Create a good logo for the web

So you can now see very clearly that logos are not rocket science and sometimes very simple. They derive their ingenuity from the simplicity and consistency of reflecting an independent brand. A good logo is therefore very easy to produce, but not easy to think of or difficult to find.

Graphic design or not: you can use your graphically trained eye and a few simple rules to create a good logo for you and your customers. Of course: the easiest way would be to hire a graphic designer. This is the safest way and guarantees the highest quality - exceptions prove the rule. But it is also the most expensive variant. We suspect that there are portals on the Internet that outsource these services overseas. So you can buy good graphic design with high quality in countries with lower hourly wages. For example from Ukraine, India, Indonesia, South America, but also from the USA etc. The disadvantages are the legal situation in disputes, the communication and therefore sometimes also the coordination.

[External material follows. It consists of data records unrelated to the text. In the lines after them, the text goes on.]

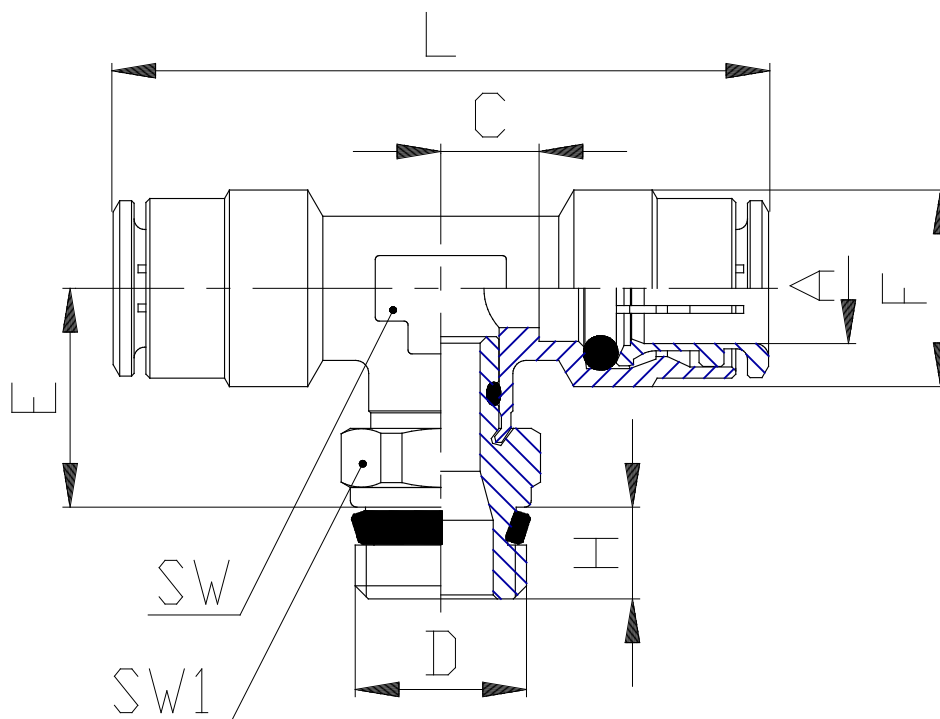

## Mod. S6430 - Series 6000 fittings

Product code: S6430 5-1/4

Datasheet creation date: 10/03/2025 10:27

Check the most updated document online [click here](#)

### ■ TECHNICAL DATA

Mod.	S6430 5-1/4
------	-------------

## Mod. S6430 - Series 6000 fittings

Product code: S6430 5-1/4

### DIMENSIONS

<b>A (mm)</b>	5
<b>D</b>	G1/4
<b>C (mm)</b>	5.5
<b>E (mm)</b>	14.5
<b>F (mm)</b>	10.0
<b>H (mm)</b>	7.0
<b>L (mm)</b>	41
<b>SW (mm)</b>	9
<b>SW1 (mm)</b>	14
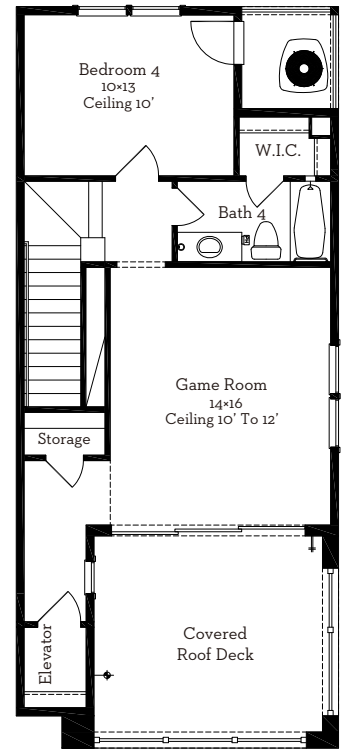

— EST 1980 —

LOVETT

H O M E S

7535 Cuadro Lane

2,698 sq.ft.

3 bedrooms / 3.5 baths

WWW.LOVETTHOMES.COM

— EST 1980 —

LOVETT

H O M E S

7535 Cuadro Lane

2,698 sq.ft.

3 bedrooms / 3.5 baths

First Floor 409 Sq.Ft

Second Floor 762 Sq.Ft

Third Floor 915 Sq.Ft

Fourth Floor 612 Sq.Ft

All prices, features and plans are subject to change without notice. Square footage is approximate. No representation or warranties either expressed or implied. Are made as to the accuracy of the information herein or with respect to the suitability, usability, merchantability or conditions of any property herein described. All rights Reserved. LovettHomes 2014
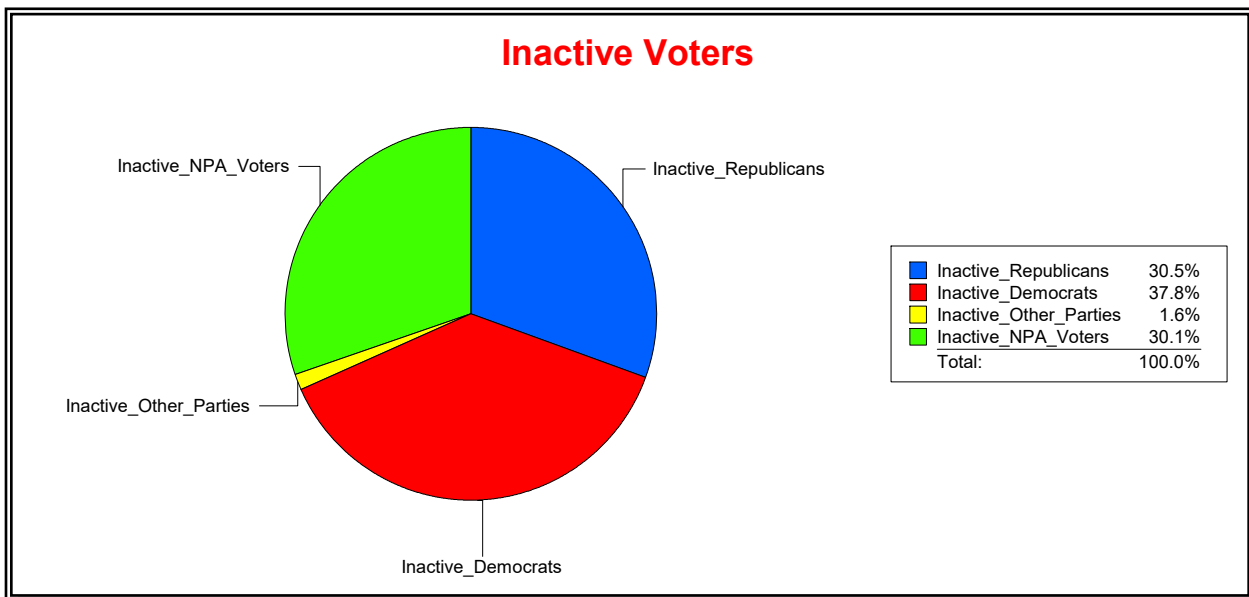

Ron Turner

Supervisor of Elections

Sarasota County, FL

Date 8/1/2023

Time 07:59 AM

Graphs of District Registration

Active Registered Voters

Inactive Voters

District	Total	Dems	Reps	NonP	Other	Total	Dems	Reps	NonP	Other
SOIL AND WATER DIST 2	64,596	24,057	23,376	15,802	1,361	5,142	1,942	1,570	1,550	80
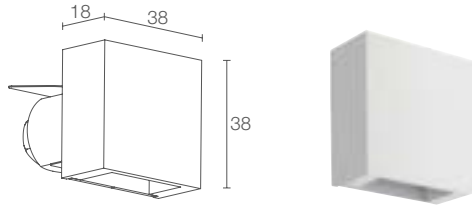

STEP OUTSIDE 2.0

Ø 70 mm H 70 mm Ø 30 mm

CE EAC LED TECH III kg 0,18 IP54
A A+ A++ IPS CASAMBI

PUISSANCE / ALIMENTATION RÉFÉRENCE

max 2W max 500mA
SP2012 D A E - Blanc
SP2012 D A N - Noir
SP2012 D A T - Cor-ten

COULEUR LED

F - 2700K
5 - 3000K
9 - 4000K
0 - 5000K
1 - bleu

CÂBLES D'ALIMENTATION

câble en néoprène de 1,5 m inclus
H05RN-F 2x0,35 / 0,75 Ø6,3 mm
1 - 5 m
2 - 10 m
3 - 15 m
4 - 20 m

OPTIQUES

diffuse

FLUX DE LA SOURCE 145 lm (3000K, 500mA)

FLUX SORTANT DU LUMINAIRE 35 lm (3000K, 500mA)

NBRE ET TYPE DE LED 1 power LED
1 / 4 ANSI BIN (couleur LED blanche)
50000h L90 B10 (AT 25°C)

MATÉRIAU corps et cache en aluminium
verre extra-clair transparent

BOÎTIER D'ALIMENTATION non inclus, voir p. 904

BRANCHEMENT en série

MONTAGE semi-encasté (mur)

ACCESSOIRES voir p. 441

REMARQUES version d'intérieur Step Inside 2.2 p. 706
version certifiée ETL disponible sur demande

DONNÉES PHOTOMÉTRIQUES voir p. 885
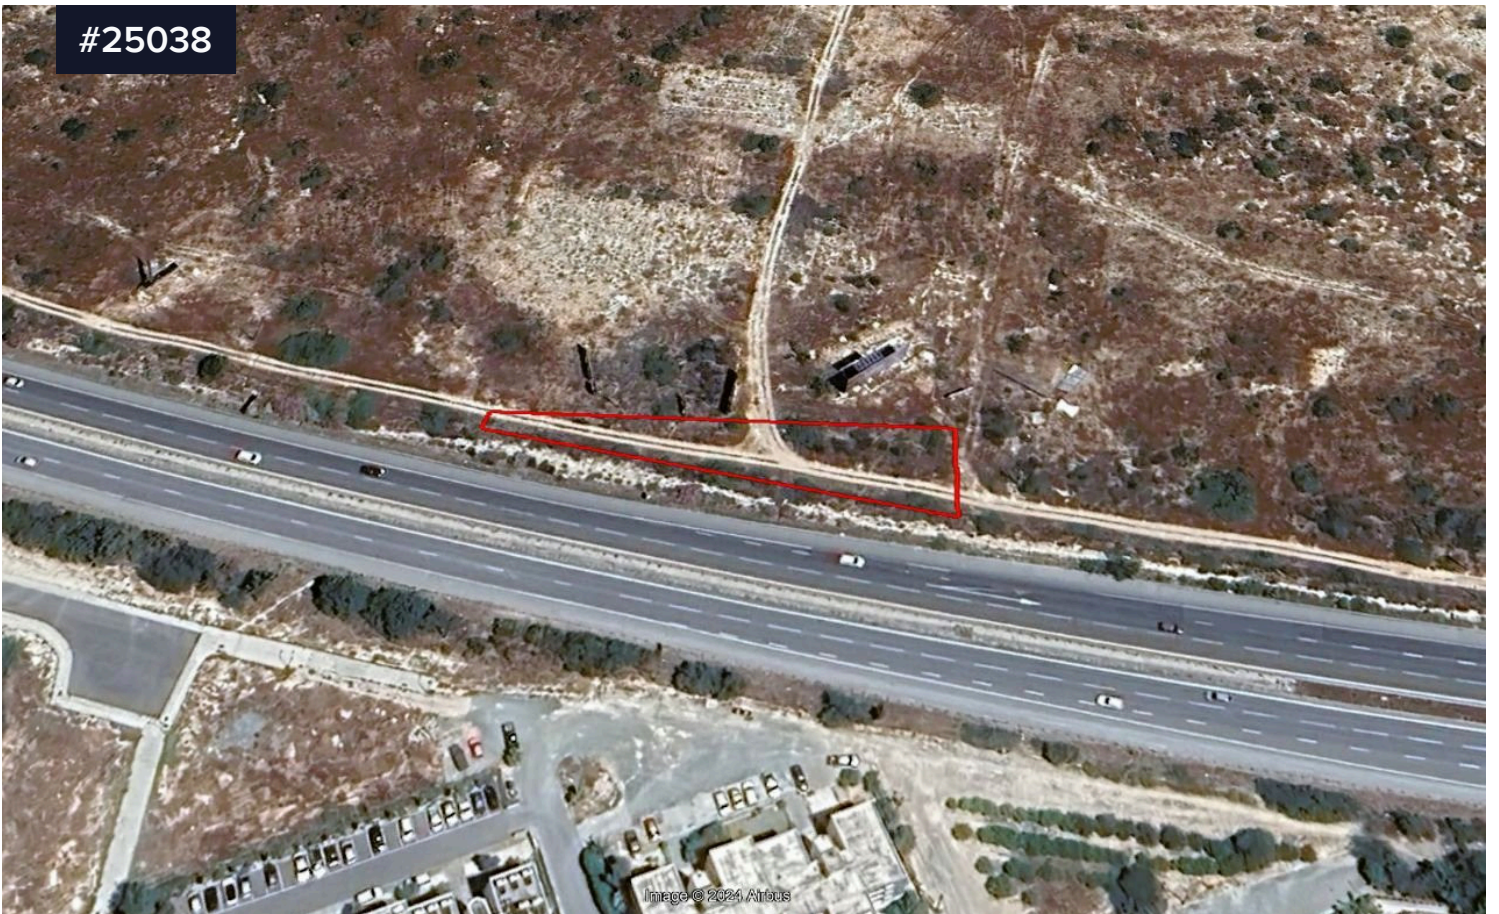

#25038

Residential Land for sale in Parekklesia

€150,000

 Parekklesia, Limassol

Area

 1004 m²

Discover this exceptional opportunity to own a 1004sq.m. residential land parcel with direct access to the highway. With a generous 15% coverage and 20% density allowance, this plot is ideal for various purposes such as storage units, billboards, and more. Situated in a highly visible location, it offers excellent exposure and accessibility. No road access.

Since I have a graphic eye myself and want to do as much as possible myself, I took a different approach with my logo on PUBLISHING ON THE NET. I looked for and found a logo at Envato. I thought I would be able to build a logotype for it. Because the logo that I liked had the wrong content. A logo must definitely match the subject matter and character of your company. So I found an @ sign that I wanted to use, but with a “P” inside the @ circle. At first I tried it myself - but I have too little experience with vectors in Illustrator. So I asked the developer of the logo via Envato whether he could do it for me - and at what price. It was possible and the cost was absolutely reasonable. Now I have this “P” with the word mark in landscape format:

Research tools

This is exactly how I proceed for my customers. If a logo design is desired, I suggest first choosing a signet that matches the business idea and name. I don't just use Envato or Envato Elements. I also look for logos on Google, or Iconfinder, iStockPhoto and other providers of small graphics. Then I show these to the customer, choose one or two together with them and build a logo in landscape format.

Important: Pay attention to the copyright, your logo must not come too close to any existing one. Even if you buy signets, you have to (have) checked the license: Does it apply to your professional purpose without restriction in terms of time and space? And also for use as a logo?

Good logos are simple and express the business idea as much as possible. They work on the website because they are in landscape orientation. They can be displayed in black and white. And they can be displayed on letterhead or a business card - slightly changed and adapted, perhaps with a claim underneath.


Creating a good logo is relatively easy. You need a clear concept and a very good idea. You are inspired by other successful brands and websites. Talking to your colleagues and friends can also help you come up with one simple, brilliant idea. But let's be honest: it doesn't have to be brilliant, appropriate can be enough, good would be more than enough. You can search for logos or signets on graphics platforms.

Of course, the more or less abstract signs should have something to do with the profession for which they stand. There can also be funny combinations here. Or consistent deductions, for example when we think of the famous apple from APPLE. Who would have thought of taking an apple with a missing bite? But this funny little "disruptor" makes this logo so ingenious.

I hope you now have some clues to help you create a great next logo for the World Wide Web. I wish you good luck and have fun.